In week three something terrible happened, rendering me homebound and distraught. I missed a further three weeks of classes, while my life fell inevitably back into place. Semester was half finished and I’d not attended a single lecture, tutorial or seminar.
I resolved to attend after the semester break. I was keeping up with readings fine, and after two years of law I found the concepts easy to grapple with, if tedious. It was getting warmer and I could lie in my garden with cups of tea, legs bare to the sun, reading over cases while my classmates learned under fluorescent lights.
The break passed with little fanfare – I was merely doing what I’d done all semester. Week seven rolled around, and it was raining a little. Surely one more class missed wouldn’t matter. Or another.
At week nine too much had passed. My absence had become a personal experiment. I would not attend any more classes, and see what happened. Between torrents of fear and grey stretches of self-loathing, week twelve rolled around in a haze of blue skies and twenty-plus degree days. The hipster men in my suburb were wearing t-shirts under their beards. Parks were full of people with dogs, picnic blankets and casks of cheap wine. I had not attended law school all semester.

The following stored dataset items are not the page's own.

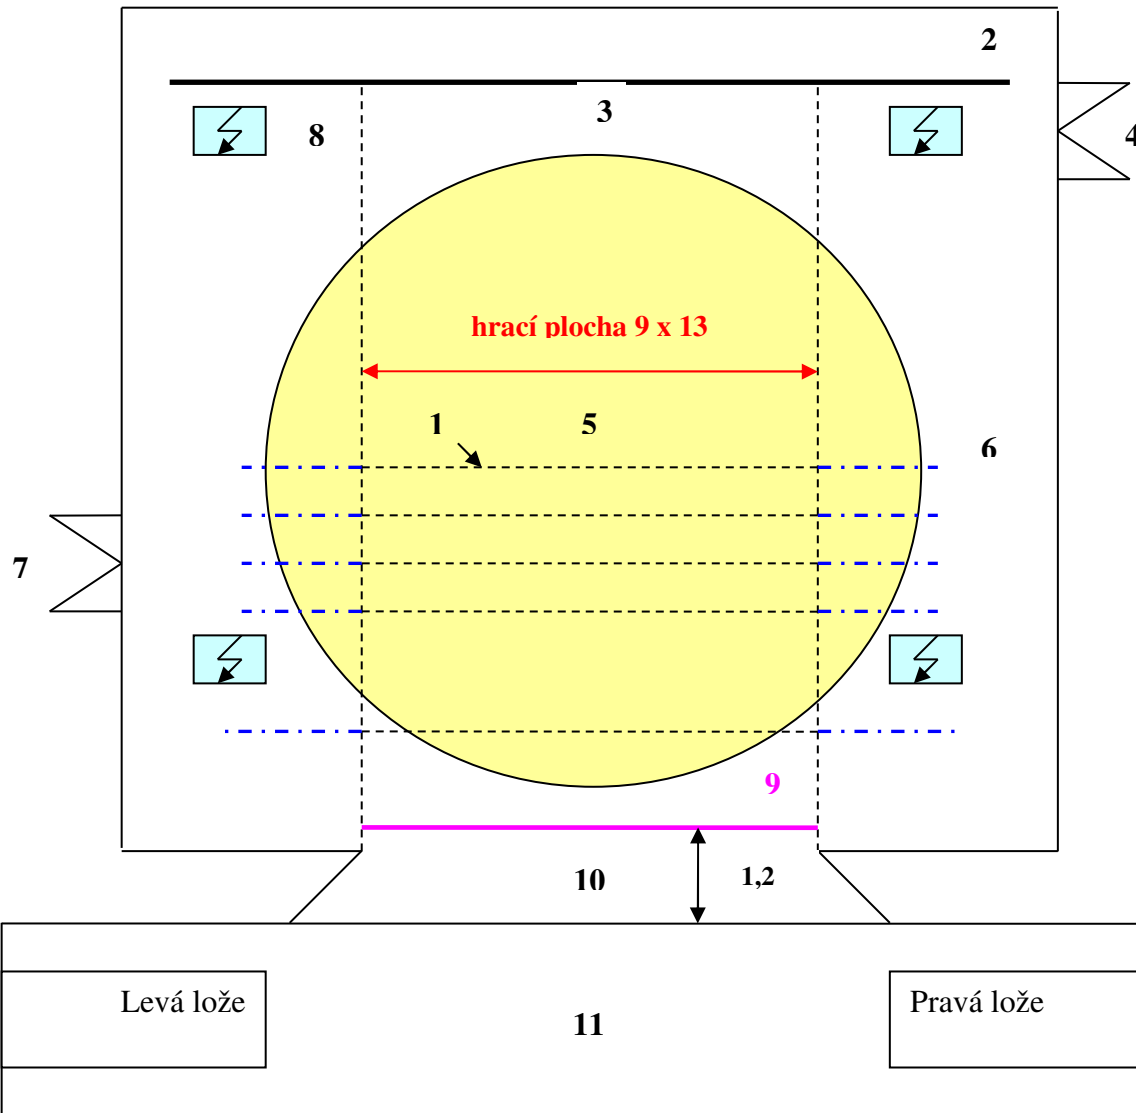

# Plán jeviště

- 1) 10 tahů – nosnost 75 kg
- 2) černý horizont
- 3) rozměr jeviště 11 x 13 m, výška 13 m, portál š. 8,5 m
- 4) vchod k šatnám (2 místnosti 8 + 12 osob)
- 5) mechanická točna prům. 12 m
- 6) výkryty modré a černé
- 7) vchod k šatně (8 osob)
- 8) podlahové zásuvky (380V–32A, 220V–10A) stmívané až 10
- 9) opona
- 10) portál š. 8,5 m, v. 5 m, forbína h. 1,2 m
- 11) hlediště (maximální kapacita): přízemí 400 míst + balkon 180 míst, celkem 580 míst

## Světelné podmínky

Světelný pult: Avolites Quartz

2x mostní baterie 15x AHR 1000W barvy

L. portál: 5x FHR 1000W, 1x FS 600W 26°

P. portál: 5x FHR 1000W, 1x FS 600W 19°

Most: 4x HHR 650W, 2x Ohralik 1000W

2x 24V 500W, 5x FHR 1000W, 3x FS 600W

L. lávka: 4x Ohralik 1000W, 2x HHR 650W

P. lávka: 4x Ohralik 1000W, 2x HHR 650W

L. lože: 4x HHR 650W, 6x FHR 1000W, 1x ITC

P. lože: 4x HHR 650W, 6x FHR 1000W, 1x zoom

Academically, I maintained my good marks. This was fascinating. My university extols the benefits of lectures and group learning. I eschewed everything I had on hand and yet my results didn’t differ much at all. Yet, without that first year and a half of struggling and exercises and guidance from my lecturers I wouldn’t have been able to traverse statute and case law like I did.
Next semester I’ll probably be absent in the first week. Possibly even the second. My life is obstinately outside of university, but as it’s my last year I feel some sort of urge to participate. I won’t repeat my experiment, but I predict my attendance will be sloppy as ever.
I won’t go as far as recommending a class-less semester of law school. I likely missed some vital insight due to my own lack of experience and my ingrained way of learning. If you desire a social presence in the university at all, your invites will go the way of the dinosaurs.
I hope I don’t inspire a mutiny of truants, but I do wish to put across the message: given a little academic experience, you don’t actually have to go to law school to go to law school.